The data is now persisted in a file-based database that you can query. Verify that all works by creating a new connection and querying the database.

Update the _wikipedia_ project and spider to use some of these techniques to persist data. Next, try parsing all the files in the _html_ directory instead of just one and persist all results. Do you think you can parse other information as well? 

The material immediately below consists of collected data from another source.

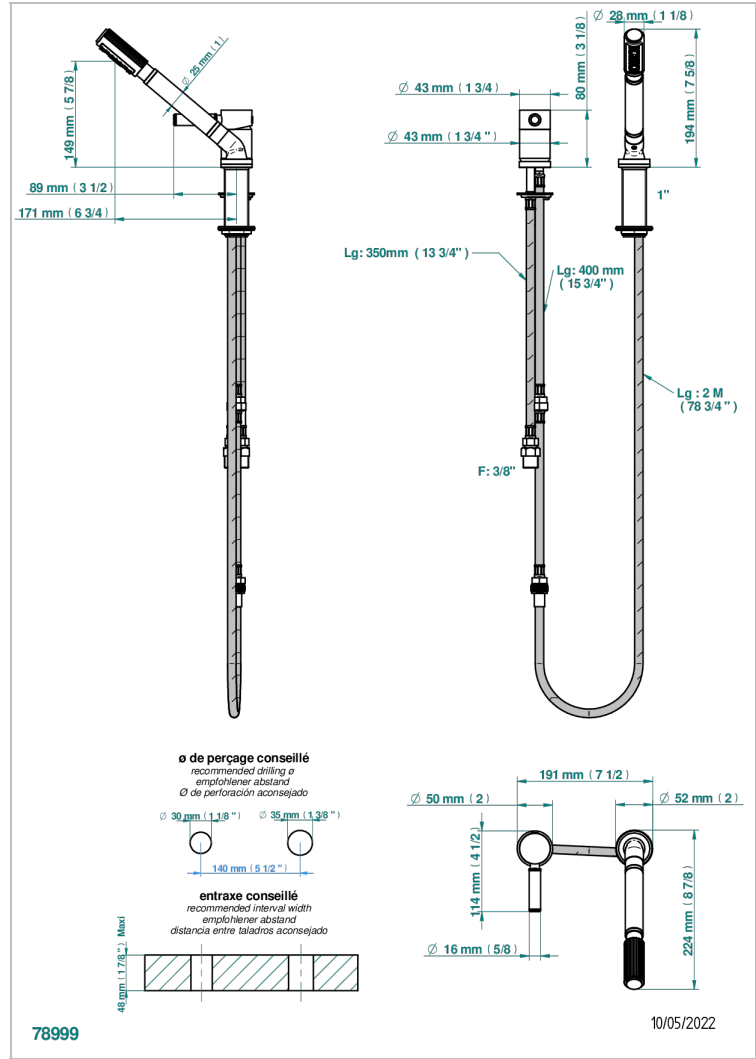

# ESTRELA CON MANETAS

U3K-6523/60AUS

THG<sup>®</sup>  
PARIS

Mitigeur sur gorge avec douchette, coulant et flexible 2 m - standard américain

## CARACTERÍSTICAS

- Estrela con manetas
- Mitigeur sur gorge avec douchette, coulant et flexible 2 m - standard américain

## ACABADOS DISPONIBLES

Cerámica negra mate - D30  
Cromo - A02  
Cromo mate - C02  
Dorado - F01  
Dorado mate - F07  
Dorado pálido - F30

Dorado pálido mate (sin barniz) - F31  
Natural smoked Brass - A13  
Níquel - B01  
Níquel mate - C01  
Níquel viejo - H28  
Polished chrome with gold inlay - GA1

Pvd umber - H66  
Pvd umber mate - H67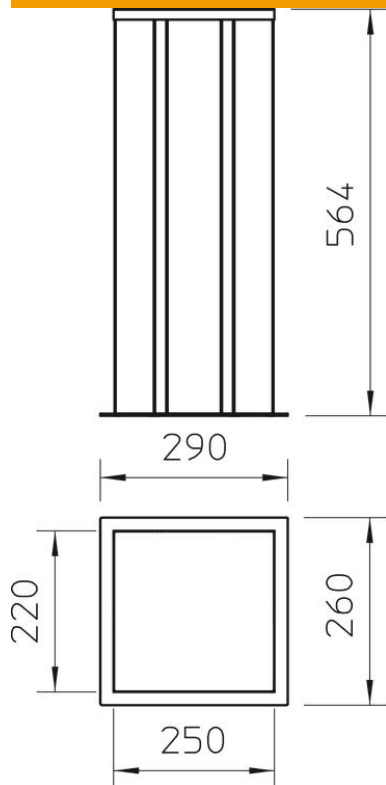

### Törzsadatok

Cikkszám	6290073
Típus	ISSHS6EL
1. megnevezés	installációs oszlopközpont
Gyártó	OBO
Méret	564x290x260
Anyag	Alumínium
Felület	eloxált
Felületi szabvány	
Legkisebb eladási egység mennyiségegység	1
Súly	720 kg
súly-mértékegység	kg/100 darab

## Méretetek

hossz	564 mm
szélesség	290 mm
Magasság	260 mm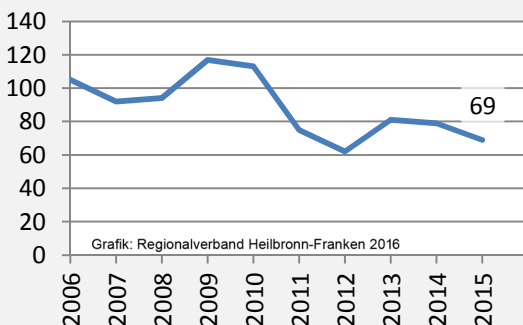

Massenbachhausen - Bevölkerung

Massenbachhausen - Beschäftigung

sozialvers. Beschäftigung (SvB) in Massenbachhausen (2006 bis 2015)

Grafik: Regionalverband Heilbronn-Franken 2016

prozentuale Entwicklung der SvB in Massenbachhausen (seit 2006)

Grafik: Regionalverband Heilbronn-Franken 2016

■ produzierendes Gewerbe ■ Dienstleistungen

5-Jahres-Wertung (2010 bis 2015):

Beschäftigungsgewinne / -verluste pro 1.000 Beschäftigte

Arbeitslosigkeit in Massenbachhausen

Arbeitslosigkeit in Massenbachhausen

■ unter 25 Jahre ■ über 55 Jahre

Grafik: Regionalverband Heilbronn-Franken 2016

Datengrundlage: Statistik der Bundesagentur für Arbeit

Abbildungen und Berechnungen: Regionalverband Heilbronn-Franken

Try parsing the height and the results from all the other athletes, not just the top three places.

In [156]:
# Make sure that the interesting data is available 
table = response.xpath('//table')[2].xpath('tbody')
print(table.xpath('tr/th/text()').extract()[:4])

rank=1

for tr in table.xpath('tr'):
      try: 
            print(f"{rank:2d}, ",
            tr.xpath('td//a/text()').extract()[0],", ",
            tr.xpath('td//a/text()').extract()[1]," ,",
            tr.xpath('td/b/text()').extract()[0]
            )
            rank+=1
      except IndexError:
            pass

['Rank', 'Name', 'Nationality', 'Result']
 1,  Steve Smith ,  United Kingdom  , 2.37
 2,  Tim Forsyth ,  Australia  , 2.31
 3,  Takahiro Kimino ,  Japan  , 2.29
 4,  Kim Tae Young ,  South Korea  , 2.23
 5,  Sergey Klyugin ,  Commonwealth of Independent States  , 2.20
 6,  Kristofer Lamos ,  Germany  , 2.20
 7,  Tomáš Janků ,  Czechoslovakia  , 2.17
 8,  Coenraad Roux ,  South Africa  , 2.17
 9,  Clayton Pugh ,  Australia  , 2.17
10,  Xu Xiaodong ,  China  , 2.14
11,  Sven Ootjers ,  Netherlands  , 2.14
12,  Mirko Zanotti ,  Italy  , 2.14
13,  Clifford van Reed ,  United States  , 2.14
14,  Dejan Miloševic ,  Slovenia  , 2.10
15,  Hugo Muñoz ,  Peru  , 2.10
16,  Stanley Osuide ,  United Kingdom  , 2.05
17,  Kostas Liapis ,  Greece  , 2.05
18,  Kim Tae-hoi ,  South Korea  , 2.05
19,  Antoine Burke ,  Ireland  , 2.00


In [157]:
table = response.xpath('//table')[2].xpath('tbody')
column_names= table.xpath('tr/th/text()').extract()[:4]
rows = []

rank=1

for tr in table.xpath('tr'):
      try: 
    
            athlete= tr.xpath('td//a/text()').extract()[0]
            nationality= tr.xpath('td//a/text()').extract()[1]
            result= tr.xpath('td/b/text()').extract()[0]
            rows.append([rank, athlete, nationality, result])
            rank+=1
      except IndexError:
            pass

In [158]:
import csv

with open("1992_results_all.csv","w") as _f:
    writer = csv.writer(_f)
    writer.writerow(column_names)
    writer.writerows(rows)